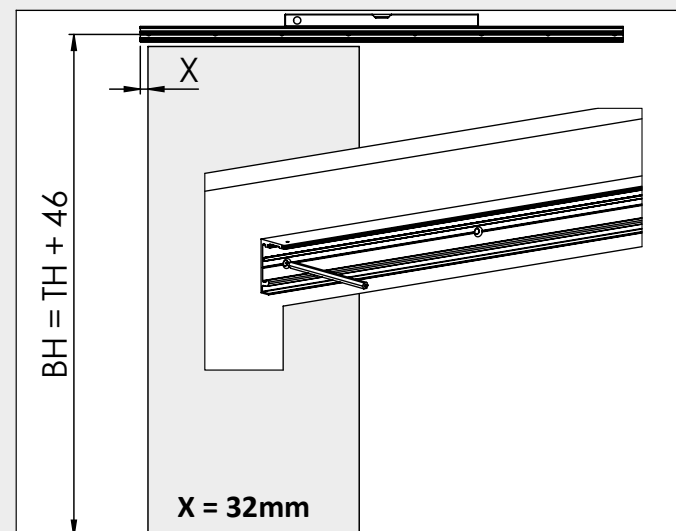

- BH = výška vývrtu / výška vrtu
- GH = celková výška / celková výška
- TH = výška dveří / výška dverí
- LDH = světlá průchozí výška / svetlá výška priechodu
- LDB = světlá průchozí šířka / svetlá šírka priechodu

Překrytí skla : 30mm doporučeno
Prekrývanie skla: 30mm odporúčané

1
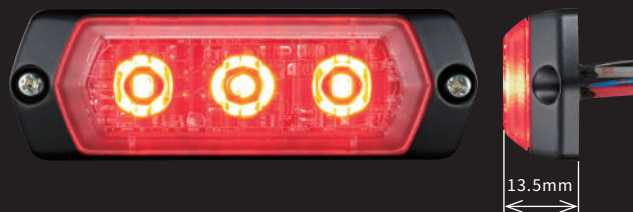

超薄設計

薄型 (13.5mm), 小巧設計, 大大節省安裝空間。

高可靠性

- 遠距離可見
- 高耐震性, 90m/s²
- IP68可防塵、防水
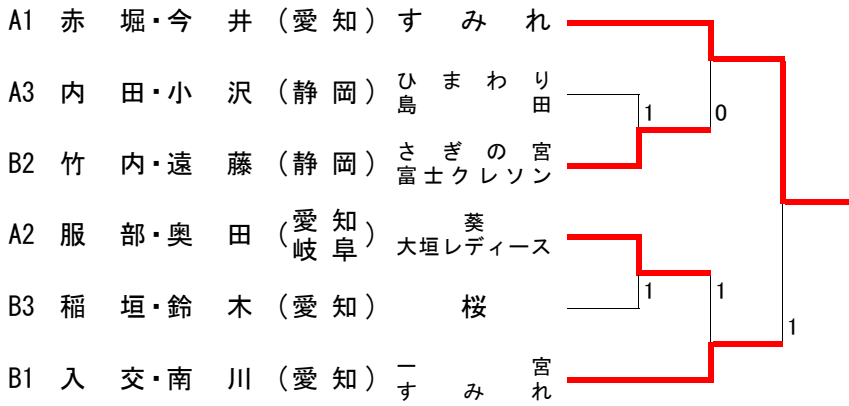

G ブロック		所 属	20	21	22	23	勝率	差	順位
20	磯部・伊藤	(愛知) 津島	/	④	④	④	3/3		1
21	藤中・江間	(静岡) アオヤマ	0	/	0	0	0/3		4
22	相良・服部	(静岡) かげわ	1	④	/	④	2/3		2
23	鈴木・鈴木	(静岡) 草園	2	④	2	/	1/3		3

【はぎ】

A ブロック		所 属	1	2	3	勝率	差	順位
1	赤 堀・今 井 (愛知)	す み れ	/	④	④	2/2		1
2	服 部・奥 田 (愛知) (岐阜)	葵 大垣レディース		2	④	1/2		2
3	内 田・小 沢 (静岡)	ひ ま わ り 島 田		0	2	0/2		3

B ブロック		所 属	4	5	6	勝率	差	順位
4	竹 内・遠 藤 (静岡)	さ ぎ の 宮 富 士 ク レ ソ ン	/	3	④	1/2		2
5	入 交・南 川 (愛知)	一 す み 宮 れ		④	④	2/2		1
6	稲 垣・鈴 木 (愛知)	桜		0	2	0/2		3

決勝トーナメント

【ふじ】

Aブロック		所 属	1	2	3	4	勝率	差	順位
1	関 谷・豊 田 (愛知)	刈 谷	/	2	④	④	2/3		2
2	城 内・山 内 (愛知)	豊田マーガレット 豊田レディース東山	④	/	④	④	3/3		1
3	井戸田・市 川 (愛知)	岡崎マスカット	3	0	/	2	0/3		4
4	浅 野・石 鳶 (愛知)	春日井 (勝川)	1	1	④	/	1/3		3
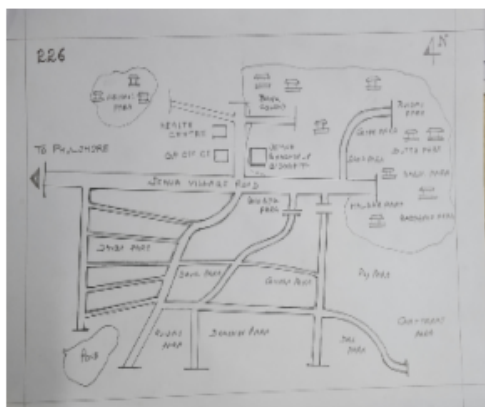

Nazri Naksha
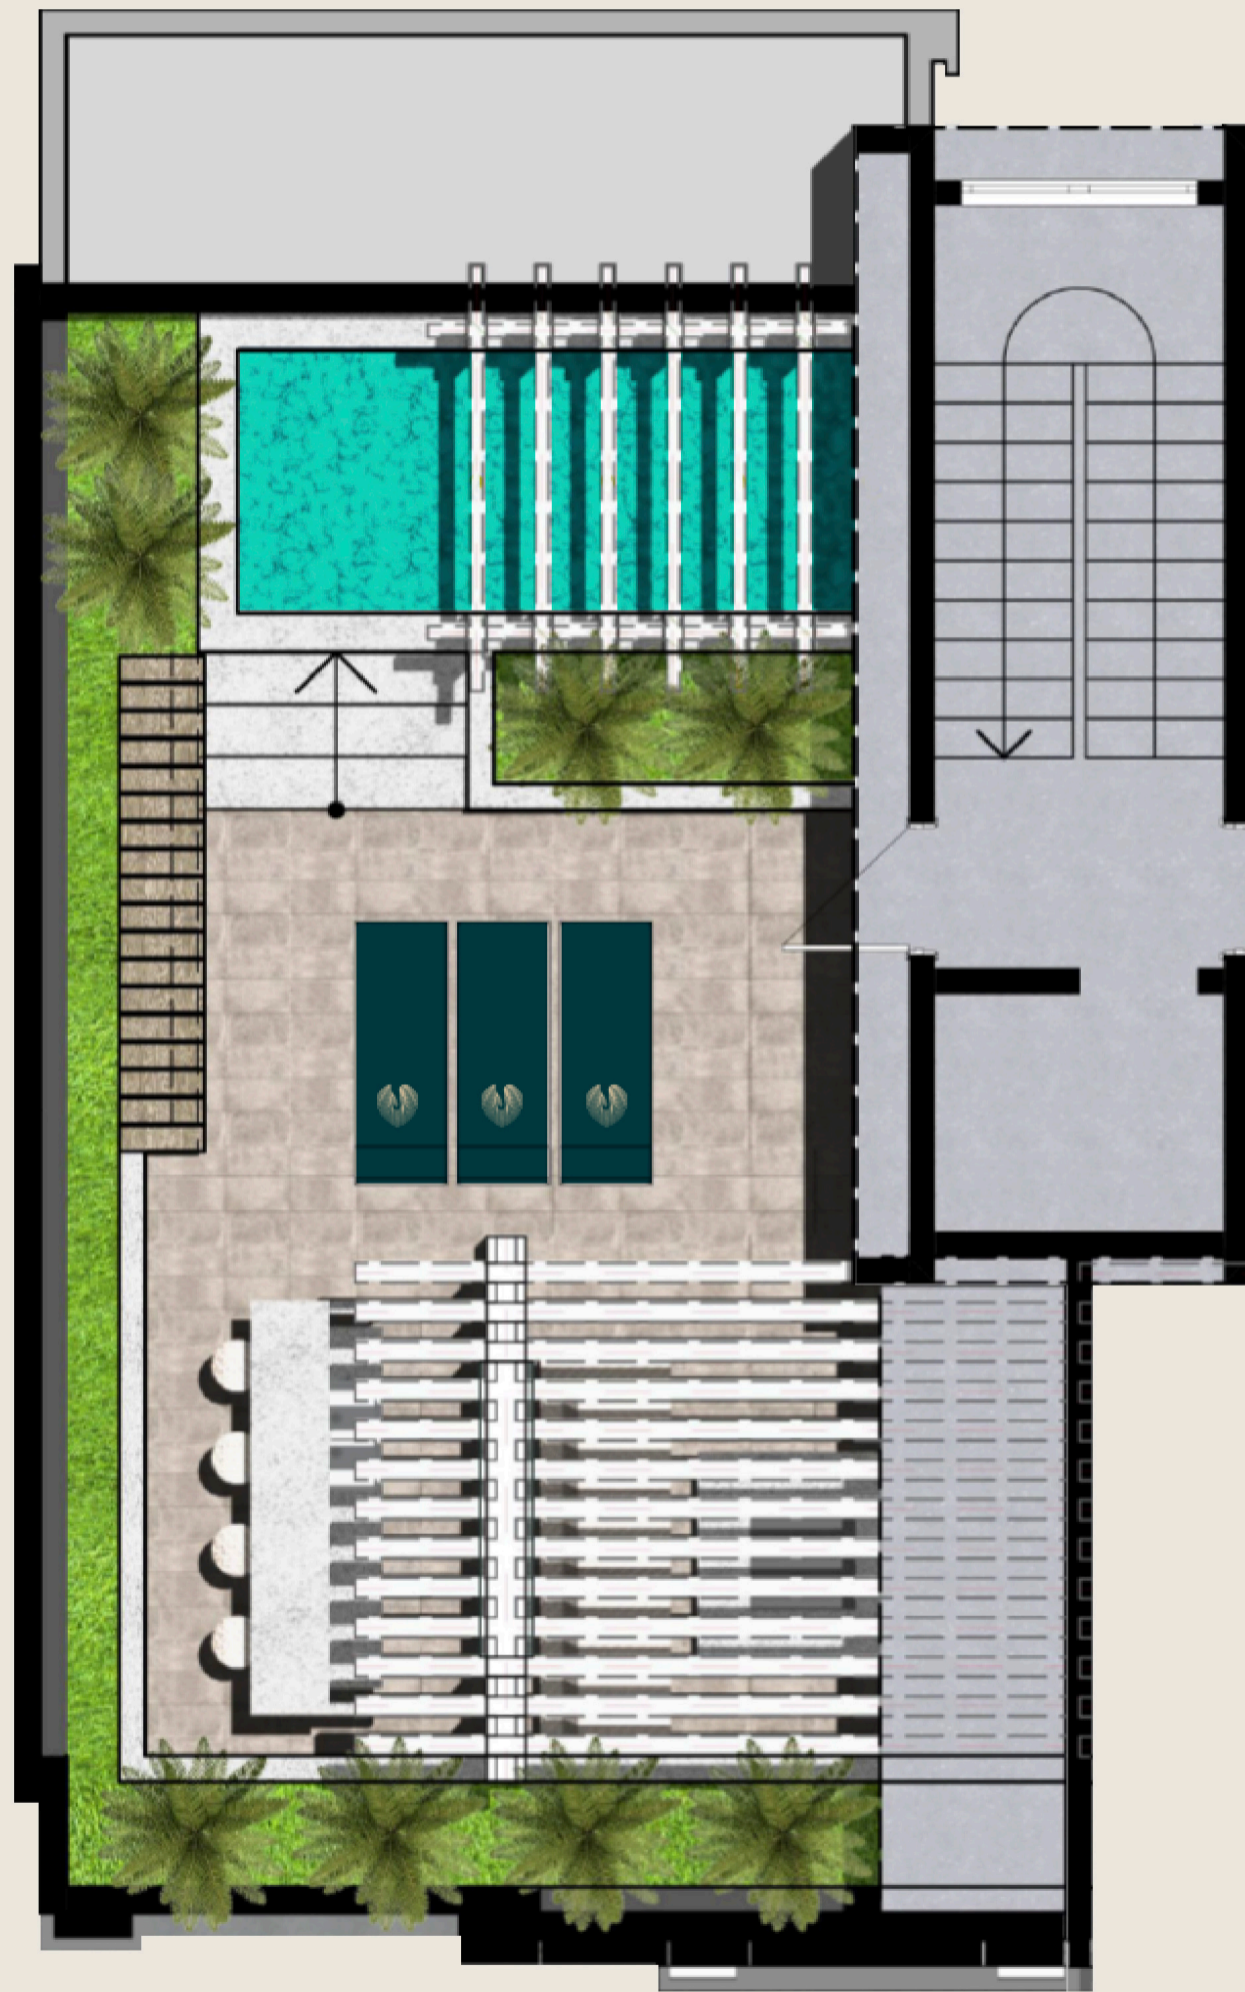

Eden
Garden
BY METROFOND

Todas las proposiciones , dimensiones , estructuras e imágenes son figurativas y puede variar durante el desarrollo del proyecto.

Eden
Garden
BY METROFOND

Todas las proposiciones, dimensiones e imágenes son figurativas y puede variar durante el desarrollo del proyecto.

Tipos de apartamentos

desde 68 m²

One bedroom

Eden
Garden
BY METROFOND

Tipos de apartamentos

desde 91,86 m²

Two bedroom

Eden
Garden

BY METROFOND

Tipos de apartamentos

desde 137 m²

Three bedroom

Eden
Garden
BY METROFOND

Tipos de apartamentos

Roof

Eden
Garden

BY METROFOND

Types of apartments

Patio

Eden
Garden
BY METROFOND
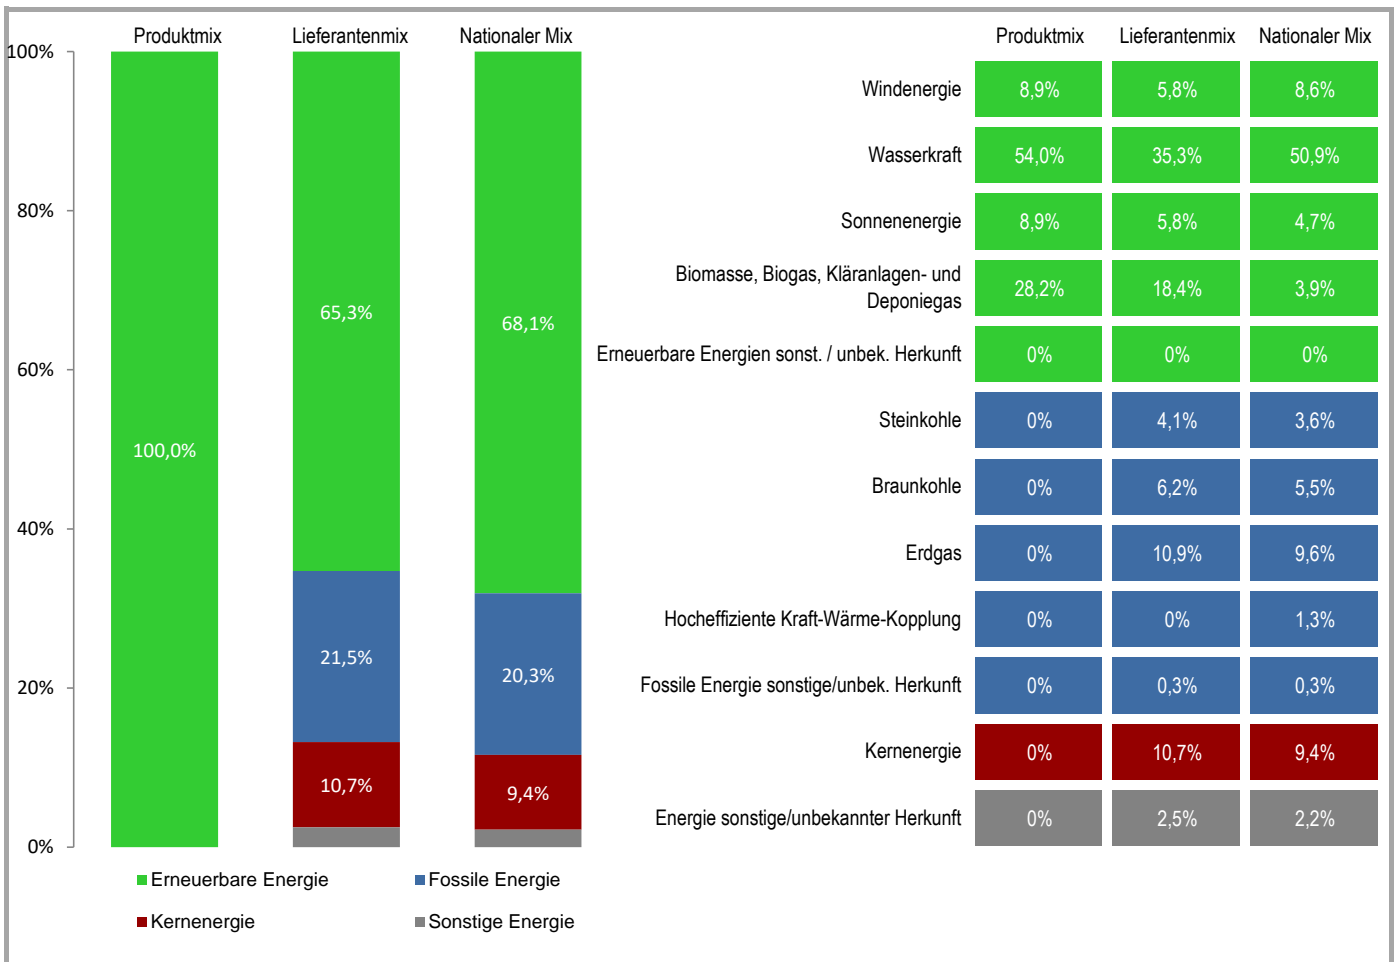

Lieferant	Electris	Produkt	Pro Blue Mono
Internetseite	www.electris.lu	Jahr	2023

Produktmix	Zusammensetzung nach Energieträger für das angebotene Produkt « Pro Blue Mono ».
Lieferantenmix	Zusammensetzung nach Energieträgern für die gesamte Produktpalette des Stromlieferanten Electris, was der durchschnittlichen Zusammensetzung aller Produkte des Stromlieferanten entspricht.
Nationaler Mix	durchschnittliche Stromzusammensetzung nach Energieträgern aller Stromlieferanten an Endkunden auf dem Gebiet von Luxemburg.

• [REQUIRED ACTION] Search the records above for "světlá". Copy each line where it is found.

• [TASK SOLUTION]
- LDH = světlá průchozí výška / svetlá výška priechodu
- LDB = světlá průchozí šířka / svetlá šírka priechodu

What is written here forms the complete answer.